Son objectif consiste à rendre plus attrayante la participation financière des travailleurs, par le biais de certains avantages, afin de stimuler leur motivation et, partant, les performances.

Dorénavant, une société ou un groupe assujetti(e) à l'impôt des sociétés, à l'exclusion des centres de coordination, pourra mettre sur pied un plan de participation, fruit d'une concertation collective entre l'employeur et les travailleurs. Ce dernier terme vise également les personnes liées à l'employeur par un contrat d'apprentissage, de stage ou de formation professionnelle. Le plan devra impérativement être proposé à l'ensemble des travailleurs de l'entreprise. Néanmoins, le plan de participation pourra prévoir une condition d'ancienneté minimale ne dépassant pas un an.

Si le plan doit être proposé à tous les travailleurs, qu'ils soient stagiaires depuis treize mois dans l'entreprise ou cadres dirigeants, la proposition ne doit pas nécessairement être faite dans les mêmes termes. Ainsi, il est dit que le plan doit obligatoirement mentionner les critères objectifs servant à déterminer le montant à attribuer à chacun des travailleurs adhérents. Ces critères doivent être définis par une convention collective de travail. A défaut de CCT, un arrêté royal délibéré en Conseil des Ministres, fixera des critères objectifs. Cette possibilité de faire des gradations dans l'octroi des avantages était, évidemment, absolument nécessaire pour que le système rencontre quelque succès. Dans la mesure où elle dépend d'une négociation collective ou d'un arrêté royal, il est cependant peu probable que la formule permette réellement de donner des avantages significatifs aux cadres et il paraît impossible de l'utiliser pour personnaliser les avantages.

Plusieurs types de participations sont envisagés: d'une part, une participation au capital, consistant pour la société à attribuer gratuitement des actions aux membres de son personnel, impliquant une augmentation de capital par incorporation de bénéfices (et une dilution de l'actionnariat), d'autre part, une participation aux bénéfices, enfin, une participation alliant les deux types, suivant des proportions déterminées dans le plan.

Ne peuvent donc mettre en place un plan de participation au capital que les sociétés qui réalisent un bénéfice.
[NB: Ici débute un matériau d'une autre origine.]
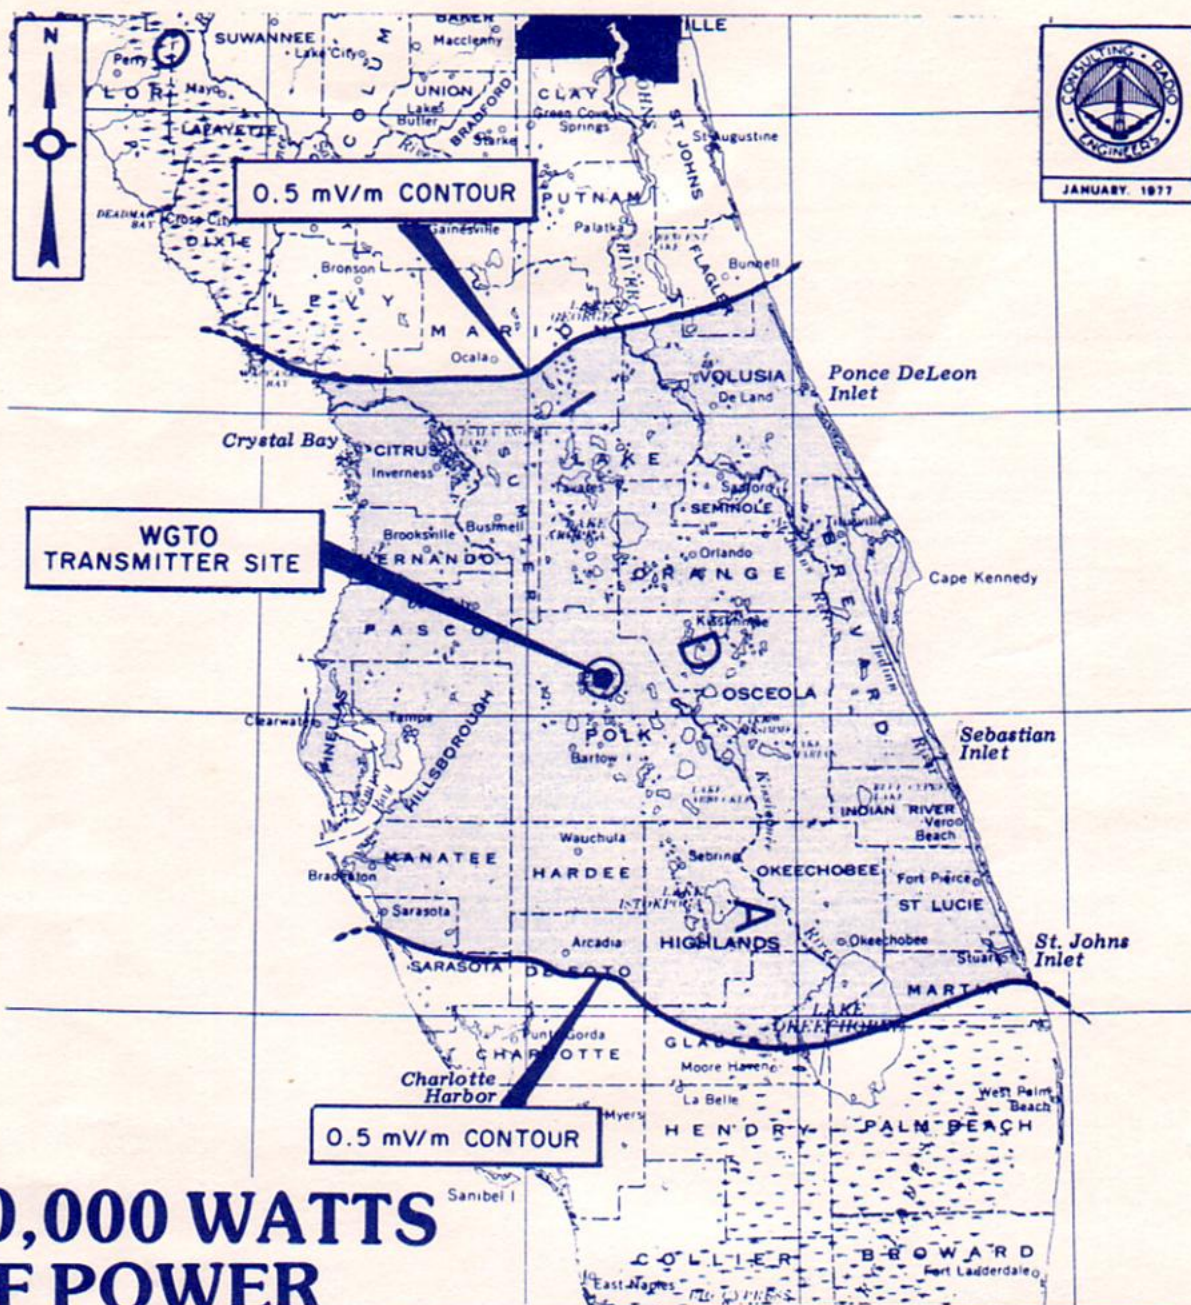

# THE MOST POWERFUL COMBINATION IN THE NATION

**50,000 WATTS  
OF POWER  
AND  
GREAT  
COUNTRY  
MUSIC**

**FIGURE 1**  
0.5 mV/m DAYTIME SERVICE CONTOUR

STATION WGTO  
HUBBARD BROADCASTING, INC.  
CYPRESS GARDENS, FLORIDA  
540 kHz 50 kW DAY-DA 1.0 kW N-DA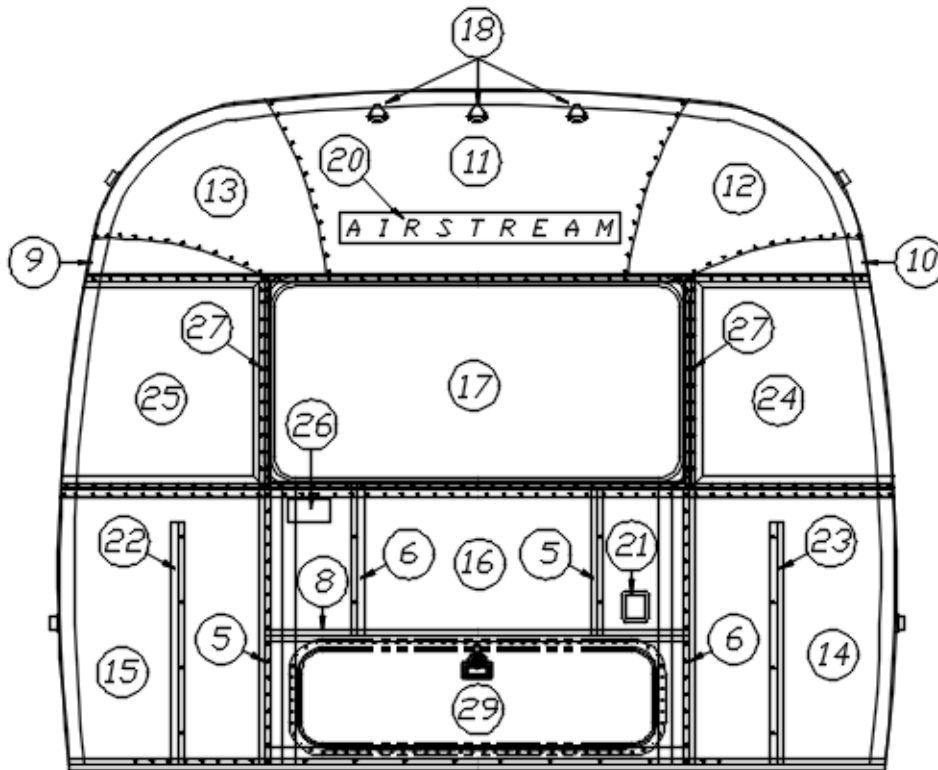

2020 GLOBETROTTER EXTERIOR SHELL

Front End, 27FB, 25FB Twin

Parts Listed on Next Page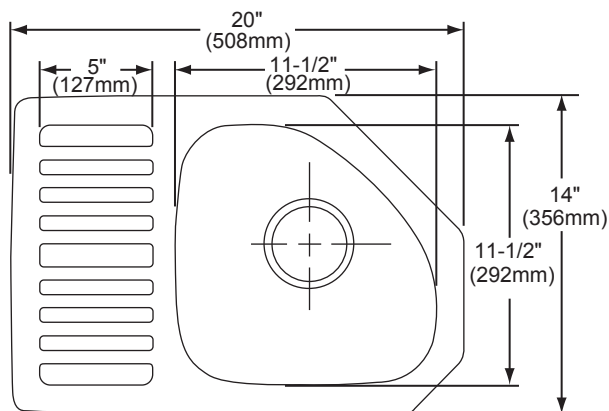

MODEL	SINK	BOTTOM GRID	QTY	DRAIN	QTY
ELUHR2014LDBG	ELUHR2014L	LKWOBG1111SS	1	LK36	1
ELUHR2014RDBG	ELUHR2014R	LKWOBG1111SS	1	LK36	1

SINK DIMENSIONS*

Model Number	Overall		Inside Bowl			Cutout in Countertop	Minimum Cabinet Size
	L	W	L	W	D		
ELUHR2014L	20 (508mm)	14 (356mm)	11-1/2 (292mm)	11-1/2 (292mm)	6-3/8 (162mm)	See Template **	27 (686mm)
ELUHR2014R	20 (508mm)	14 (356mm)	11-1/2 (292mm)	11-1/2 (292mm)	6-3/8 (162mm)		27 (686mm)
ELUHR201435L	20 (508mm)	14 (356mm)	11-1/2 (292mm)	11-1/2 (292mm)	6-3/8 (162mm)		27 (686mm)
ELUHR201435R	20 (508mm)	14 (356mm)	11-1/2 (292mm)	11-1/2 (292mm)	6-3/8 (162mm)		27 (686mm)

*Length is left to right. Width is front to back.

**Template is packed with every sink.

Installation Profile of ELUH Single Bowl Model
The template provided with each ELUH sink provides the only type of installation recommended by Elkay.

Elkay

elkayusa.com

2222 Camden Court
Oak Brook, IL 60523

Printed in U.S.A.
©2010 Elkay

(Rev. 01/10) 1-142C

**The Mystic™ Undermount Single Bowl Sink
Models ELUHR2014 and ELUHR201435 Series**

**ELKAY®
SPECIFICATIONS**

Model ELUHR201435L Illustrated

Model ELUHR201435R Illustrated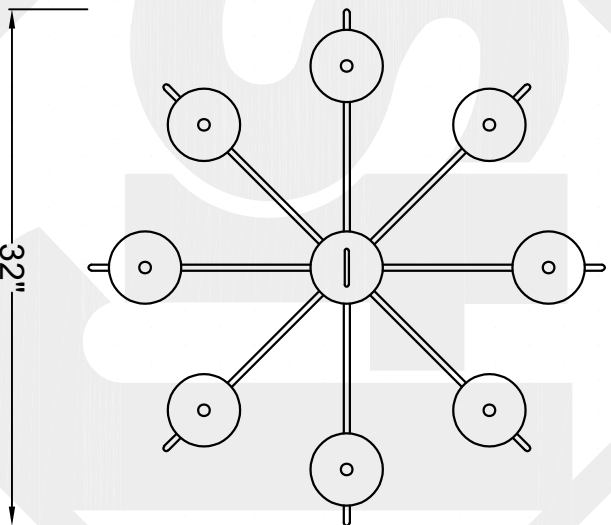

# LONG ISLAND LARGE

8 Light  
Comes standard w/  
6' of chain

Front View

Top View

Ceiling Mount

St. James  
LIGHTING

SCALE: N.T.S.

DRAFT: Y. McCullough

FILE: SULLS

APP'D: J. Rogan

JOB: X

DATE: 12/26/23

Lights are handcrafted.  
Dimensions may vary by 1/4"

UL Certified  
Candelabra- Max 60 Watt Bulb  
Edison- Max 660 Watt Bulb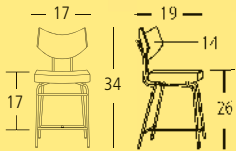

SPLENDOR

COUNTER STOOL **SKSD80215C**

High Density Foam Seat

Contract Quality Welds

This counter stool's "ultra-modern" look creates a minimalist, yet comfortable impression. Design-wise, it is a more formal take on the classic café stool; its straightforward, elemental lines are matched by the naturalness of the colours – walnut and black.

COUNTER STOOL Overall: 17"W 19"D 34"H. Seat: 14"D 26"H. **Cover:** Synthetic Leather. Colour: Vintage Steel. **Finish:** Gray Powder Coated Steel.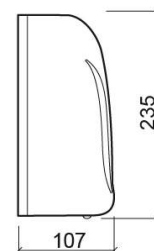

# Luxe 1.1L automatic soap dispenser - White

Ref. 4153700

EAN Code. 5604815899870

## Technical Information

Length: 140 mm

Width: 107 mm

Height: 235 mm

Weight: 0.80 kg

Collection: Luxe

Product type: Accessories

Material: ABS

Des limites sont imposées à ces participations: le montant total de participation au capital et aux bénéfices ne peut excéder, soit 10 % de la masse salariale brute, soit 20 % du bénéfice de l'exercice après impôt (à calculer sur une base consolidée pour les groupes). Il doit par ailleurs être prévu dans ledit plan une formule révélant le lien avec les résultats.

Le texte prévoit la possibilité de constitution d'une société distincte, dont la mission sera de détenir et de gérer les actions attribuées, appelée société coopérative de participation. Selon l'exposé des motifs, le recours à celle-ci ne sera, pour les travailleurs, pas plus onéreux que la perception directe de l'avantage sous réserve de certains frais de gestion. La société coopérative ne sera, à cet effet, imposée que sur certaines dépenses non admises et sur ses dépenses non justifiées. L'inutilité d'une telle société a été relevée par le Conseil d'Etat.
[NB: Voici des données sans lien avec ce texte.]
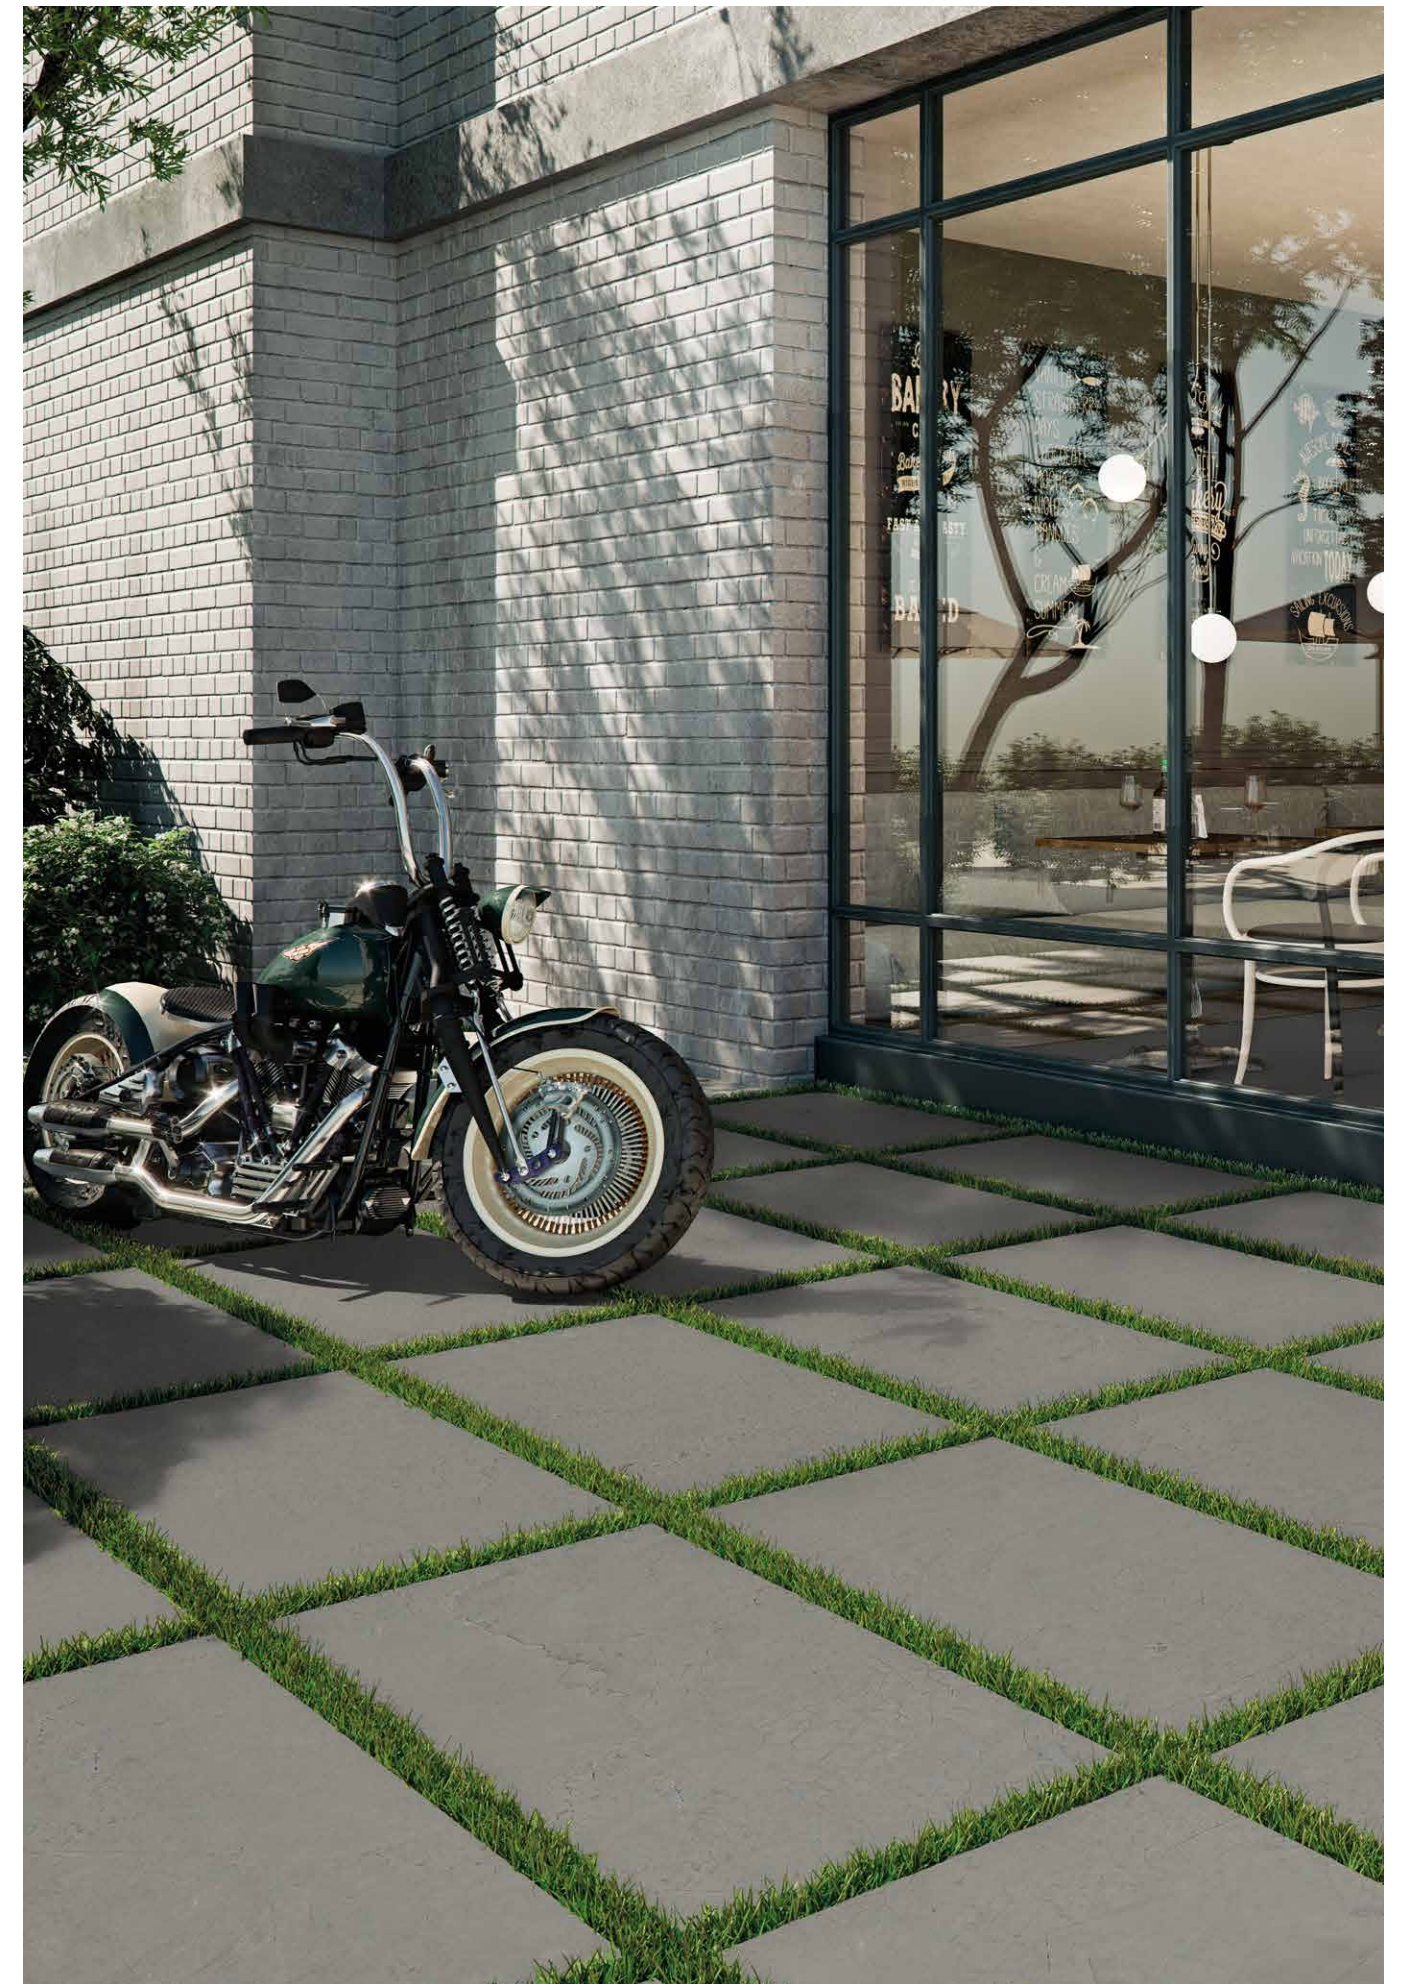

Outdoor Floor: Cracked Graphite Outdoor 2cm 49,75x99,55 cm

Indoor floor: Cracked Graphite Natural 49,75x99,55 cm

Sur le plan fiscal, les travailleurs ne seront pas astreints au régime fiscal applicable aux rémunérations. D'ailleurs, la participation ne se substitue en aucun cas à la rémunération, mais doit s'ajouter à elle.

Sommairement, cet "avantage de type nouveau" sera imposé selon les principes évoqués ci-après.

L'avantage subira une retenue à la source. Ainsi l'employeur, responsable vis-à-vis du fisc, effectuera un prélèvement libératoire et forfaitaire. La retenue à la source sera plus faible dans les hypothèses de participation au capital (15%) que dans celles de participation aux bénéfices ( 25 %). Néanmoins, le taux réduit de taxation sera majoré à défaut de détention des titres durant la période fixée par le plan. En ce qui concerne les PME, le taux réduit sera également d'application en cas d'attribution d'une participation aux bénéfices en espèces, à la condition que les travailleurs affectent immédiatement les sommes à des prêts consentis en faveur de l'employeur, ce dernier devant les destiner à la constitution d'immobilisations.

Une condition d'indisponibilité des titres est imposée par le texte, d'une durée variant entre 2 et 5 ans, selon les prévisions de la convention collective de travail. En cas de non respect de cette condition, une taxe additionnelle à la taxe assimilée à l'impôt sur les revenus dont question ci-avant, sera due sur l'avantage. Son taux sera de 23,29 %.

Le mode de perception de la taxe, prélèvement à la source forfaitaire et libératoire, dispensera les travailleurs d'indiquer l'avantage dans leur déclaration à l'impôt des personnes physiques. Il aura encore pour conséquence qu'une fois les effets ou espèces attribués, les revenus ou plus-values qu'ils pourraient dégager subiront le régime fiscal qui leur est propre et non celui applicable aux rémunérations. Dans le chef de la société employeur, les participations bénéficiaires ne seront pas déductibles au titre de frais professionnels. Aussi, les déductions prévues aux articles 199 à 206 du Code des impôts sur les revenus (p. ex.: les RDT) seront pratiquées sur une base imposable dont seront retranchées ces participations.

Sur le plan de la procédure, les modes d'établissement, de recouvrement et de versement de la taxe et de la taxe additionnelle suivent les règles applicables à l'établissement, au recouvrement et au versement du précompte immobilier.

Le texte modifie encore le Code des droits d'enregistrement. En effet, il exempte du droit proportionnel de 0,5% les augmentations de capital statutaires effectuées en application d'un plan de participation, à concurrence du montant du bénéfice de l'exercice comptable attribué aux travailleurs. Il exonère également les apports à une société coopérative de participation effectués conformément à ses dispositions.

Enfin, sur le plan social, l'employeur sera dispensé du versement de toute cotisation patronale relativement à ces participations. De leur côté, les travailleurs devront verser une « cotisation de solidarité » de 13,07 % du montant liquidé. Précisons qu'en ne qualifiant pas de rémunération les avantages, le législateur les soustrait à la loi du 12 avril 1965 concernant la protection de la rémunération des travailleurs et donc, par exemple, à ses dispositions concernant les saisies de rémunérations. Le législateur prive par là les travailleurs de certains droits. Budgétairement, la taxe sera en partie rétrocédée aux organismes de sécurité sociale.

En fin de compte, alors que l'exposé des motifs de la loi parle d' « avantages importants », le régime applicable aux participations aux bénéfices ne se différencie en rien, sur le plan fiscal, du régime applicable aux dividendes. Si on y rajoute les conditions d'action à prévoir par arrêté royal ou à négocier avec les syndicats, il semble que le nouveau régime sombrera très vite dans l'oubli. Les avantages attribués dans ce cadre étant une dépense non admise, ils subissent l'impôt des sociétés au taux de 40,17%. Ils subissent ensuite une retenue à la source de 25% (régime général). Le taux n'est en fin de compte pas plus avantageux que le taux marginal le plus élevé à l'impôt des personnes physiques. Seul l'aspect des cotisations de sécurité sociale demeure dès lors intéressant.